→ Items from a dataset:
◇ ◇ ◇ ◇ ◇

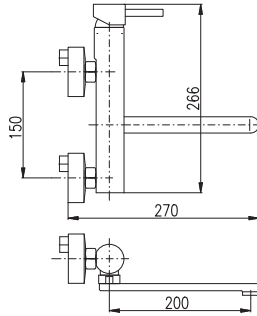

SEINA

Baterie dřezová s otočným ramínkem
Sink mixer with swivel spout

150 mm	Cena	Price
1 ● SE901.5/23	2 920 Kč	119,20 €
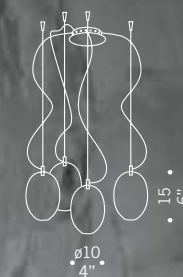

PRO•SECCO S4D
4x20W-12V G4
alogeno bispina
halogen bi-pin
cavo elettrico 200 cm
trasformatore elettronico
cables lenght 200 cm
electronic transformer
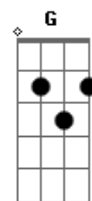

© ukulele-chords.com
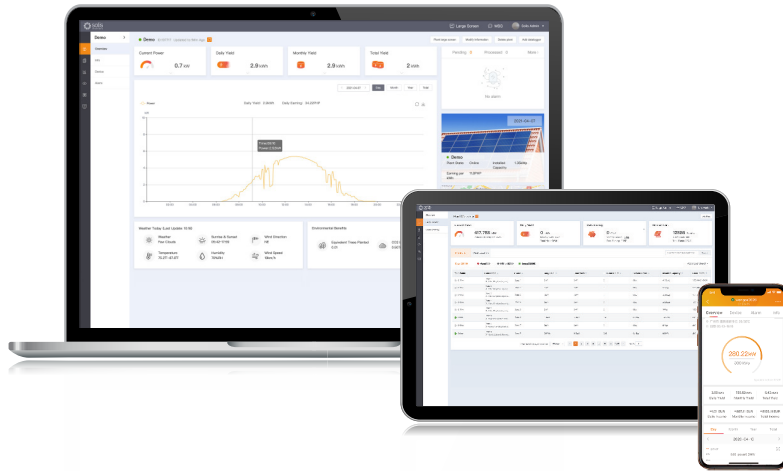

SolisCloud

Uuden sukupolven Solis-aurinkopaneeliston valvonta-alusta

SolisCloud on uuden sukupolven älykäs aurinkosähköjärjestelmän valvontajärjestelmä. Tämä uusi valvonta-alusta antaa sinulle enemmän mahdollisuuksia kuin koskaan ennen. Sinulla on järjestelmäsi täysi valvonta hallinnassasi aina ja kaikkialla. Voit hyötyä päivitetystä tarkoista vikahälytysviesteistä, jotka on säädettävissä siten, että saat tarpeisiisi sopivan tuntimäärän kuluessa ilmoituksen.

Uusi järjestelmäalusta sisältää täysikokoisen näytön kaikista asennuksistasi ja reaaliaikaisista tiedoista, mikä helpottaa järjestelmän käyttöä ja hallintaa. Käytössäsi on älykäs hälytysjärjestelmä, joka antaa suosituksia kenttävikojen nopeaan korjaamiseen. Syvälliset analyysityökalut antavat sinulle mahdollisuuden ymmärtää järjestelmäsi yleisen kunnon. IV-käyrien skannaus voidaan tehdä helposti ja nopeasti koko järjestelmälle. Tehovuon näyttö live-tilassa antaa näkyvyyttä sekä tavallisista aurinkoenergiajärjestelmistä että varastointijärjestelmistä. Tärkeintä on, että sinulla on järjestelmäsi täydellinen hallinta ja voit seurata ja mukauttaa mitä tahansa milloin ja miten haluat.

• Älykäs valvontaratkaisu - SolisCloud

Kehittynyt pilvialusta

- Yhteys useiden laitetyyppien kanssa saumattomasti, invertterit, vientitehonhallintajärjestelmät, sääasemat jne.

Tehokas käyttö ja hallinta

- Älykäs I-V-käyrän skannaus, järjestelmän kuntoraportti, ketjutason vianetsintä.

Useiden laitosten hallinta

- Hallinnoi useita eri järjestelmätyyppejä asuin-, kaupallisissa ja yleishyödyllisissä laitoksissa. Mahdollistaa useiden tiimien hallinnan eri aloilla.

Koko näytön tila

- Järjestelmän suorituskyvyn ja hyötyjen selkeä ja ytimekäs näyttö, mukaan lukien säästetyt hiilidioksidipäästöt ja istutetut ekvivalenttipuut, sekä järjestelmän tuoton ja tuoton näyttäminen.
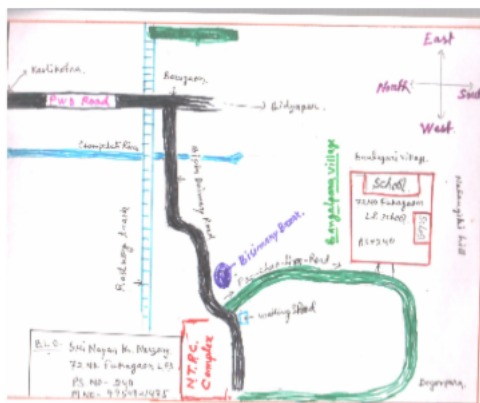

Nazri Naksha
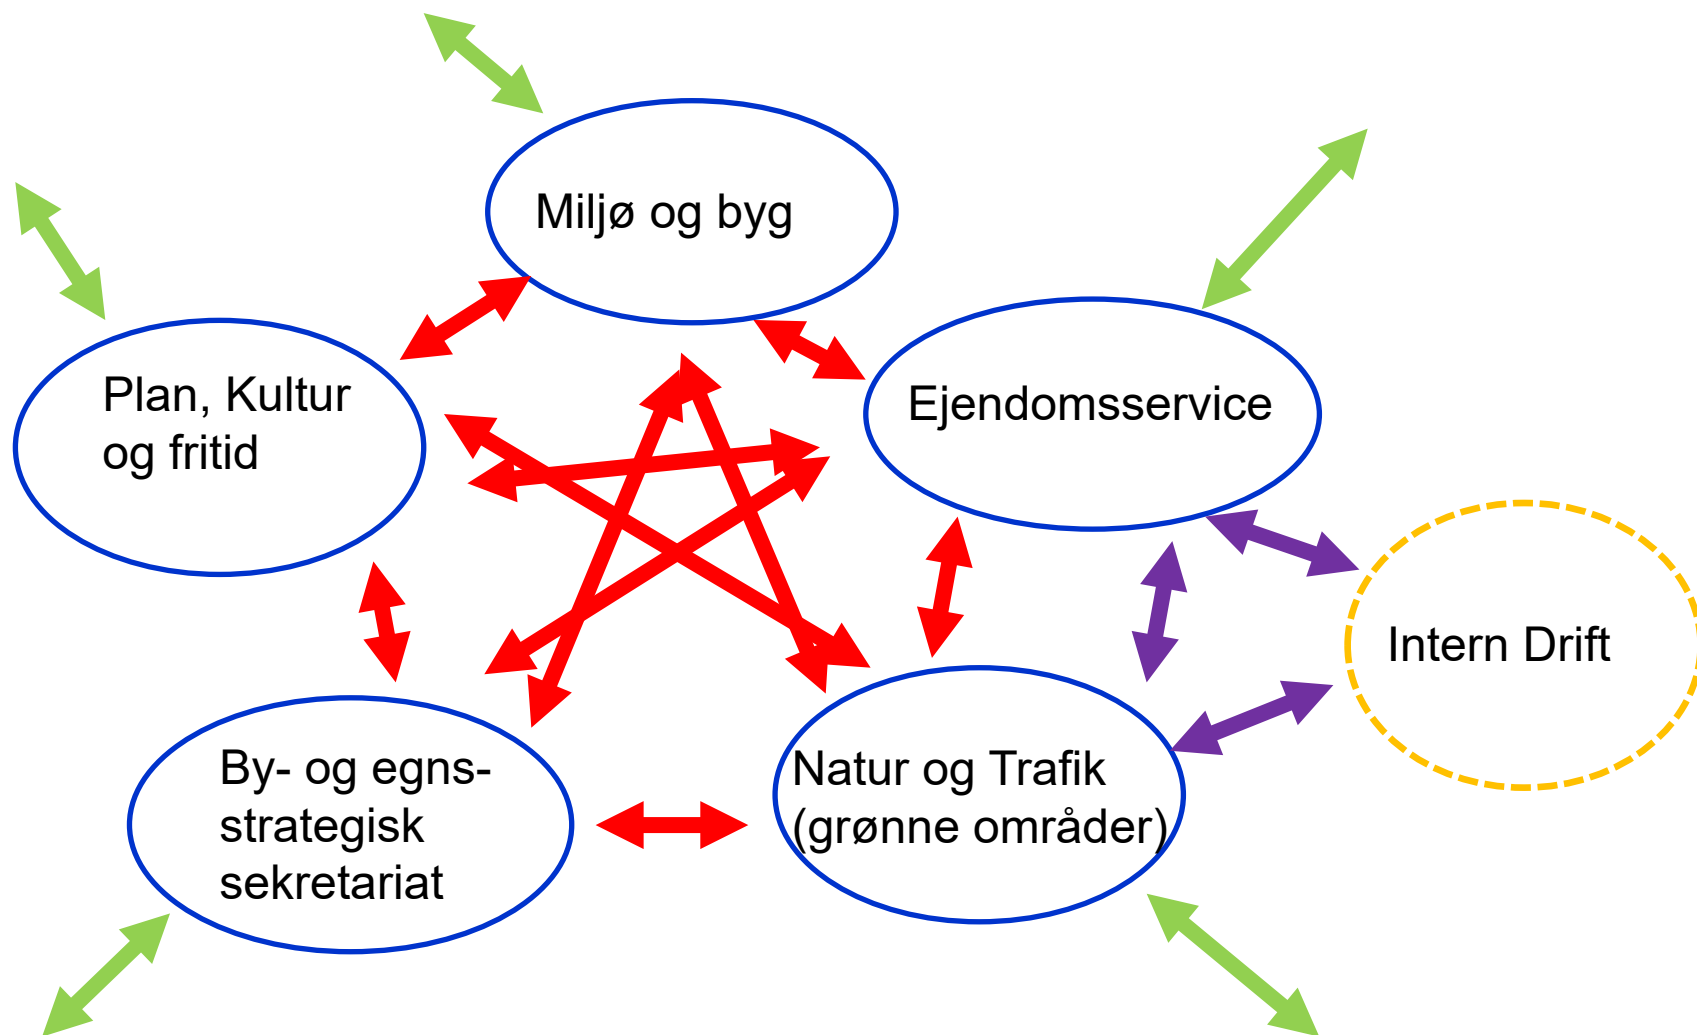

35 legepladser

En udviklingsstrategi:

”Sammen skaber vi det bedste sted”.

FAABORG-MIDTFYN
KOMMUNE

Organisering af den grønne opgave i Faaborg-Midtfyn Kommune

FAABORG-MIDTFYN
KOMMUNE

Organisering af den grønne opgave i Faaborg-Midtfyn Kommune

By, Land og Kultur

– vision for arbejdsfællesskabet

Vi vil arbejdsfællesskabet og i fællesskaberne vil vi skabe merværdi med og for borgerne.

I arbejdsfællesskabet stiler vi mod en styrkelse af VI-følelsen og mod ansvar for de opgaver der bedst løses med fælles tværgående kompetencer.

Vi ønsker at gå fra "man hjælper gerne hinanden" til "jeg er en naturlig del af en effektiv og god løsning".

By, Land og Kultur

FAABORG-MIDTFYN
KOMMUNE

Natur og Trafik - Grønne områder

Daglig drift

Biodiversitetsplan
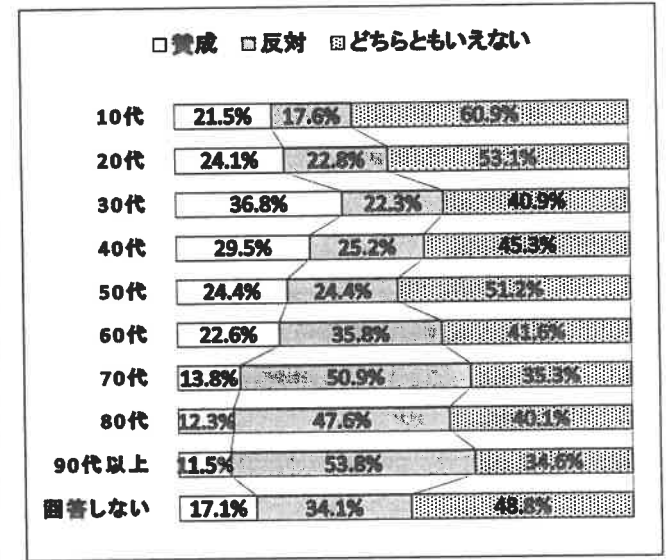

### 【年齢】

10代	20代	30代	40代	50代	60代	70代	80代	90代以上	回答しない
624	228	386	552	635	589	696	317	26	41
15.2%	5.6%	9.4%	13.5%	15.5%	14.4%	17.0%	7.7%	0.6%	1.0%

※市統計値は令和6年4月住民基本台帳登載値より算出

【回収種別】

駅頭、呼びかけ人等による対人直接回収				Google フォーム等を利用したインターネット回収				調査会社
駅、街頭	呼びかけ人	団体	集会・イベント等	クラウドワークス	タウンニュース	QRコード	SNS等	
1,680	525	181	56	585	33	16	8	1,010
41.0%	12.8%	4.4%	1.4%	14.3%	0.8%	0.4%	0.2%	24.7%
2,442				642				1,010
59.6%				15.7%				24.7%

## 2. アンケート結果（単純集計）

【空母配備を知っていたか】

【安全対策をどう思うか】

【配備の賛否】

## 3. アンケート結果（市統計値に基づく性別・年齢別ウェイトバック方による補正）

【空母配備を知っていたか】

【安全対策をどう思うか】

【配備の賛否】

#### 4. 年齢別集計

◇ ◇ ◇ ◇ ◇

→ WHAT TO DO: Look above for the line holding "Uuden sukupolven Solis-aurinkopaneeliston" and the line holding "valvontaratkaisu - SolisCloud". Retype both, and every line between them, word for word and nothing else.

→ REPLY TO THE EXERCISE:
Uuden sukupolven Solis-aurinkopaneeliston valvonta-alusta

SolisCloud on uuden sukupolven älykäs aurinkosähköjärjestelmän valvontajärjestelmä. Tämä uusi valvonta-alusta antaa sinulle enemmän mahdollisuuksia kuin koskaan ennen. Sinulla on järjestelmäsi täysi valvonta hallinnassasi aina ja kaikkialla. Voit hyötyä päivitetystä tarkoista vikahälytysviesteistä, jotka on säädettävissä siten, että saat tarpeisiisi sopivan tuntimäärän kuluessa ilmoituksen.

Uusi järjestelmäalusta sisältää täysikokoisen näytön kaikista asennuksistasi ja reaaliaikaisista tiedoista, mikä helpottaa järjestelmän käyttöä ja hallintaa. Käytössäsi on älykäs hälytysjärjestelmä, joka antaa suosituksia kenttävikojen nopeaan korjaamiseen. Syvälliset analyysityökalut antavat sinulle mahdollisuuden ymmärtää järjestelmäsi yleisen kunnon. IV-käyrien skannaus voidaan tehdä helposti ja nopeasti koko järjestelmälle. Tehovuon näyttö live-tilassa antaa näkyvyyttä sekä tavallisista aurinkoenergiajärjestelmistä että varastointijärjestelmistä. Tärkeintä on, että sinulla on järjestelmäsi täydellinen hallinta ja voit seurata ja mukauttaa mitä tahansa milloin ja miten haluat.

• Älykäs valvontaratkaisu - SolisCloud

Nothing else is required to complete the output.